__TASK BRIEF__. Please restate the entries below word for word, leaving out any pictures.

__EXCERPTED RECORDS__.
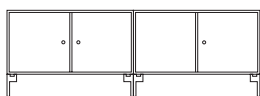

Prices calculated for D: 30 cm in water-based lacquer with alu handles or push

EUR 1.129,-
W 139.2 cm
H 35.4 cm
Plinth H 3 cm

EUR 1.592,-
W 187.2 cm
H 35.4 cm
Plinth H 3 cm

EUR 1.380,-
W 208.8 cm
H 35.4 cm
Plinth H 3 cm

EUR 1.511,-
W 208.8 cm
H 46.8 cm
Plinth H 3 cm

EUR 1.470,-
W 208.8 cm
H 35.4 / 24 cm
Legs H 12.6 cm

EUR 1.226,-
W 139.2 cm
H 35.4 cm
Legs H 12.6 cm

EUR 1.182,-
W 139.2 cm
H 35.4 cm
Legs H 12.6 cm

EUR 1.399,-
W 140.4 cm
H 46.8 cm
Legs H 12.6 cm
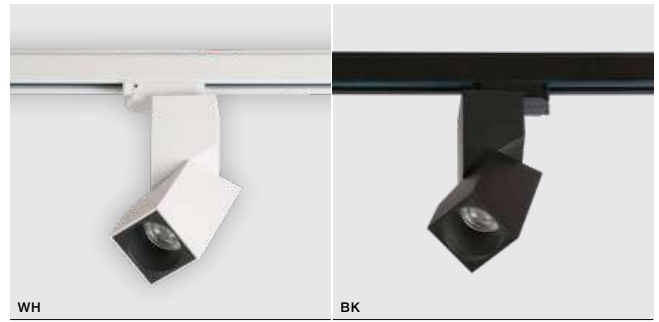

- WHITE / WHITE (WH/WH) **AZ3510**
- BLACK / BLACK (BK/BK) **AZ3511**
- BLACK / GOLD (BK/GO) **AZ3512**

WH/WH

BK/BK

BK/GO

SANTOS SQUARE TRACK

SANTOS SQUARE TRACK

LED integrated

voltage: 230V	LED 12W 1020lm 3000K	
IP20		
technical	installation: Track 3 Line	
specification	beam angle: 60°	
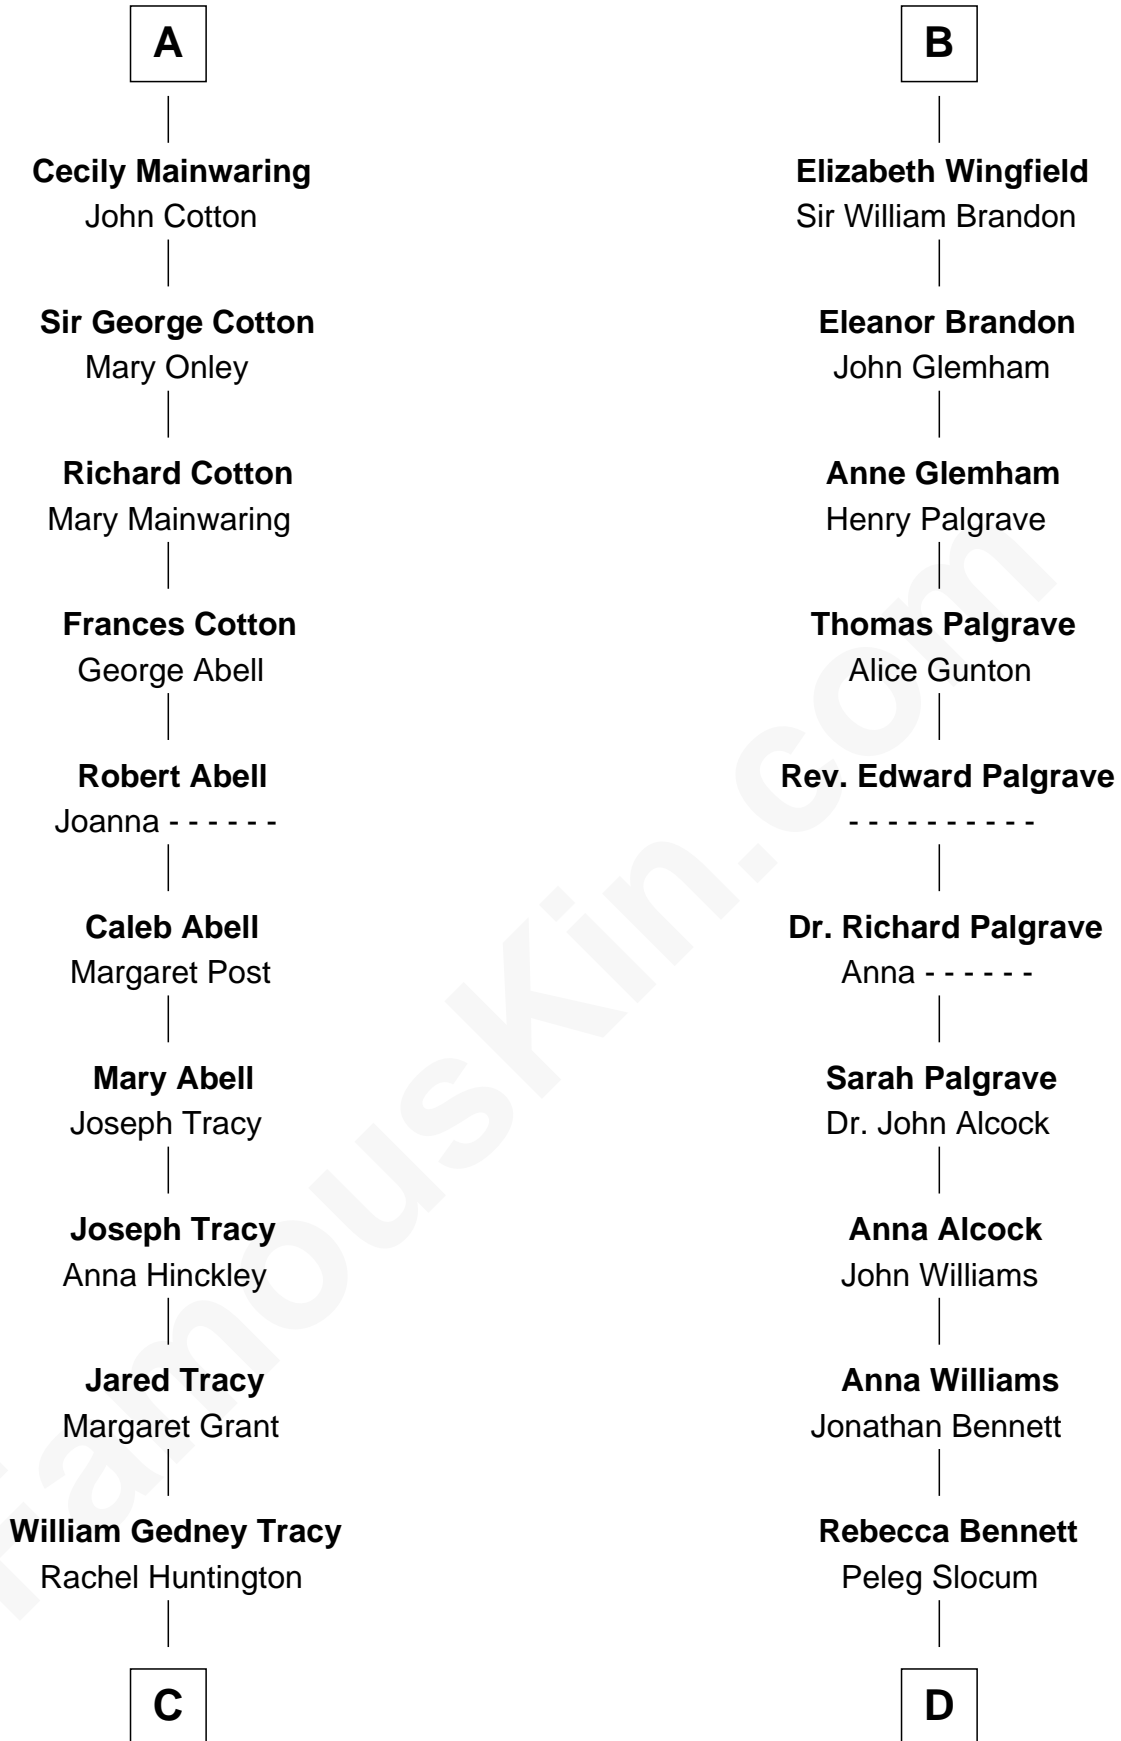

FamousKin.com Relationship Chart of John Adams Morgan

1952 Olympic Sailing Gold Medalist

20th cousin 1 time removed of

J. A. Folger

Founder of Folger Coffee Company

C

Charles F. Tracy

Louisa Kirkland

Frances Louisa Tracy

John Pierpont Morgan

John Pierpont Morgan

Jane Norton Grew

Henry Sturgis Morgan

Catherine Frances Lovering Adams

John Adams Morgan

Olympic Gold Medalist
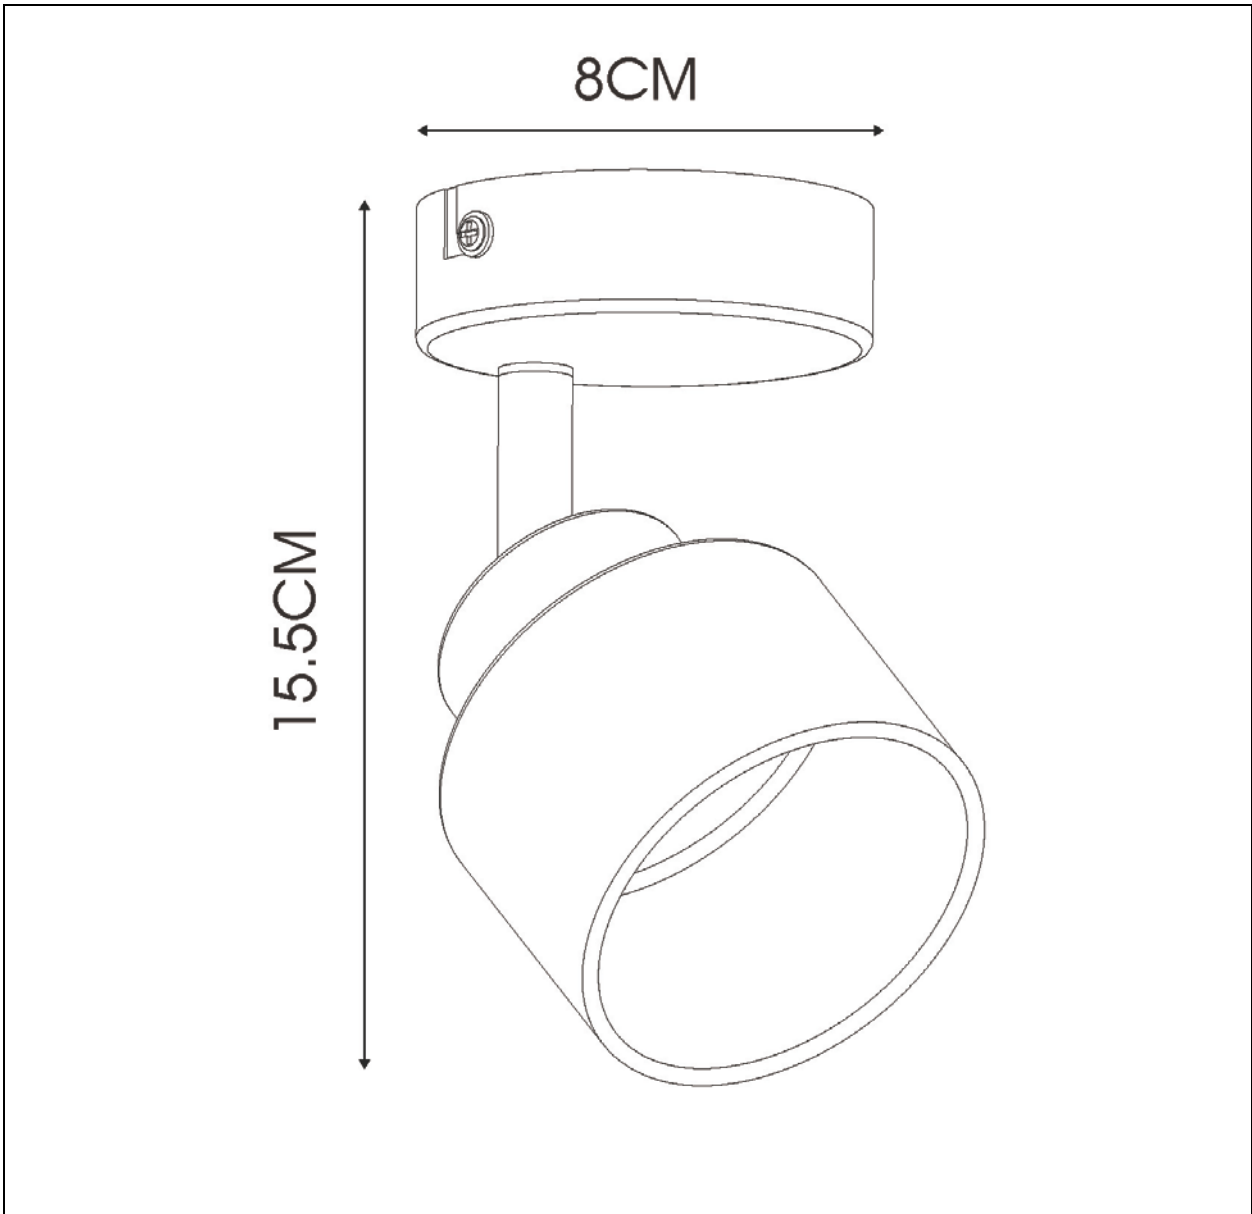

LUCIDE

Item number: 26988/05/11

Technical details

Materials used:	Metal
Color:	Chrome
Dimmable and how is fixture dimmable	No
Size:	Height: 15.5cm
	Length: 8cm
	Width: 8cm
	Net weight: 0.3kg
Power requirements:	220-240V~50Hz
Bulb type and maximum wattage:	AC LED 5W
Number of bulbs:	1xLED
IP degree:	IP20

__WRITTEN REPLY__.
Prices calculated for D: 30 cm in water-based lacquer with alu handles or push

EUR 1.129,-
W 139.2 cm
H 35.4 cm
Plinth H 3 cm

EUR 1.592,-
W 187.2 cm
H 35.4 cm
Plinth H 3 cm

EUR 1.380,-
W 208.8 cm
H 35.4 cm
Plinth H 3 cm

EUR 1.511,-
W 208.8 cm
H 46.8 cm
Plinth H 3 cm

EUR 1.470,-
W 208.8 cm
H 35.4 / 24 cm
Legs H 12.6 cm

EUR 1.226,-
W 139.2 cm
H 35.4 cm
Legs H 12.6 cm

EUR 1.182,-
W 139.2 cm
H 35.4 cm
Legs H 12.6 cm

EUR 1.399,-
W 140.4 cm
H 46.8 cm
Legs H 12.6 cm

- WHITE / WHITE (WH/WH) **AZ3510**
- BLACK / BLACK (BK/BK) **AZ3511**
- BLACK / GOLD (BK/GO) **AZ3512**

WH/WH

BK/BK

BK/GO

SANTOS SQUARE TRACK

SANTOS SQUARE TRACK

LED integrated

voltage: 230V	LED 12W 1020lm 3000K	
IP20		
technical	installation: Track 3 Line	
specification	beam angle: 60°	

FamousKin.com Relationship Chart of John Adams Morgan

1952 Olympic Sailing Gold Medalist

20th cousin 1 time removed of

J. A. Folger

Founder of Folger Coffee Company

C

Charles F. Tracy

Louisa Kirkland

Frances Louisa Tracy

John Pierpont Morgan

John Pierpont Morgan

Jane Norton Grew

Henry Sturgis Morgan

Catherine Frances Lovering Adams

John Adams Morgan

Olympic Gold Medalist

LUCIDE

Item number: 26988/05/11

Technical details

Materials used:	Metal
Color:	Chrome
Dimmable and how is fixture dimmable	No
Size:	Height: 15.5cm
	Length: 8cm
	Width: 8cm
	Net weight: 0.3kg
Power requirements:	220-240V~50Hz
Bulb type and maximum wattage:	AC LED 5W
Number of bulbs:	1xLED
IP degree:	IP20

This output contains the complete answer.